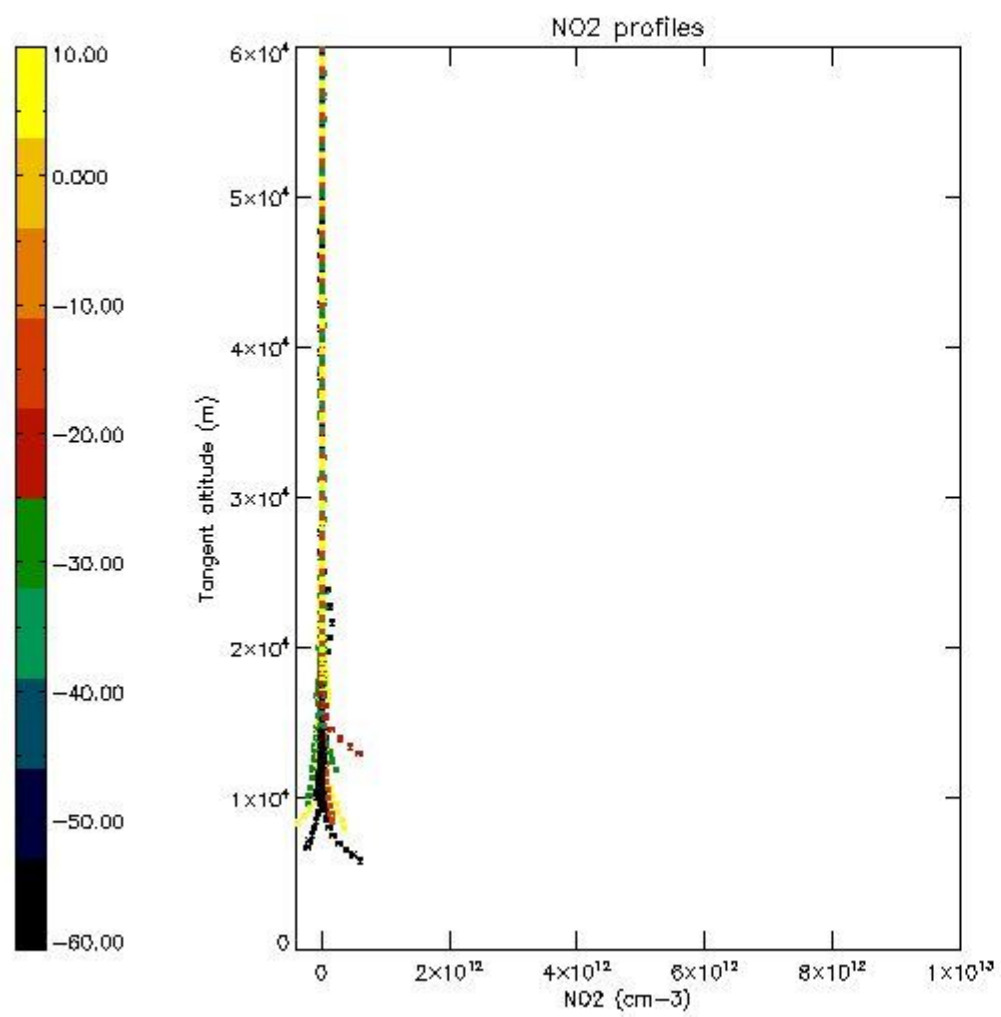

5.4 Plot ozone profiles where STD < 10% (dark without errors)

The colorbar represents the latitude.

5.5 Plot ozone profiles where STD < 5% (dark without errors)

The colorbar represents the latitude.

5.6 Plot NO₂ profiles for all STD (dark without errors)

The colorbar represents the latitude.

5.7 Plot NO3 profiles for all STD (dark without errors)

The colorbar represents the latitude.

5.8 Plot H2O profiles for all STD (only for occultations of stars 1,2,3,4,13,14,16,26,63 dark without errors)
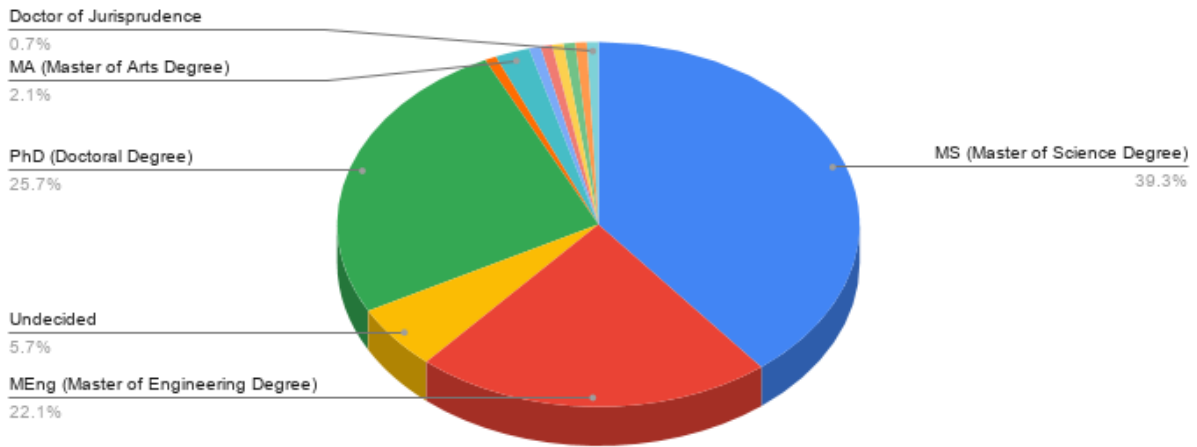

Pre-Conference Data (141 registrants as of 10/16/2020):

Are You Currently Planning to Attend To Graduate School?

Attendee Ethnic Identity

Attendee Ethnicity and Race

Attendee Gender

Do You Identify As A First Generation College

Current Academic Status:

Undergraduate Institution Name:

Undergraduate Major

What Graduate Degrees Are You Considering?

Have you attended a Bay Area GPS?

What are you considering for post-graduate career paths?

How Did You Hear About Our Conference?

Post-Conference Data (143 registrants as of 10/17/2020):

Total Unique Viewers:

- 103 (morning workshops)
- 21 (afternoon panels)
- 124 Viewers / 143 Registered Participants
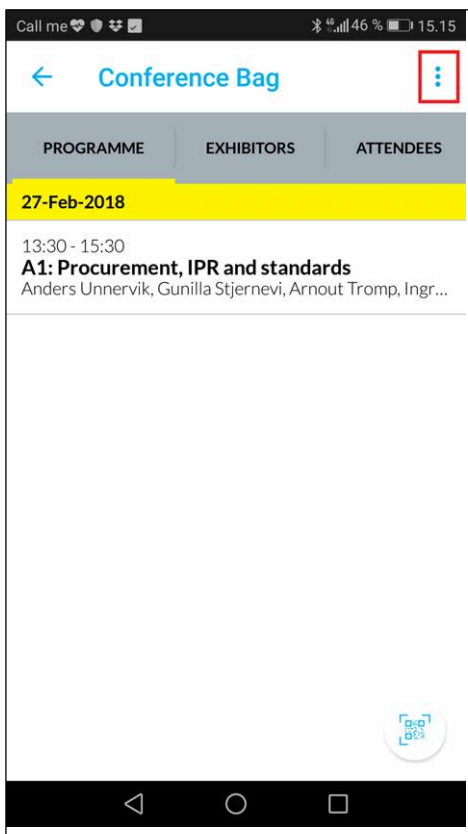

Conference Bag

During BSBF2018 you can save virtual content to your personal conference bag.

The saved content will be placed in the corresponding category.

After BSBF2018 an email will be sent to you containing all your saved items.

By clicking in the top right corner, the email associated with you can be changed and you will have to option to receive your current conference bag.

Inbox

Here you can view messages and meeting requests received from other attendees.

Search

Free text searching in all app content.
---
Each line from the first line of the data above through the one containing "Do You Identify As A First Generation College" must be set down exactly; the pictures must not be.

5.4 Plot ozone profiles where STD < 10% (dark without errors)

The colorbar represents the latitude.

5.5 Plot ozone profiles where STD < 5% (dark without errors)

The colorbar represents the latitude.

5.6 Plot NO₂ profiles for all STD (dark without errors)

The colorbar represents the latitude.

5.7 Plot NO3 profiles for all STD (dark without errors)

The colorbar represents the latitude.

5.8 Plot H2O profiles for all STD (only for occultations of stars 1,2,3,4,13,14,16,26,63 dark without errors)

Pre-Conference Data (141 registrants as of 10/16/2020):

Are You Currently Planning to Attend To Graduate School?

Attendee Ethnic Identity

Attendee Ethnicity and Race

Attendee Gender

Do You Identify As A First Generation College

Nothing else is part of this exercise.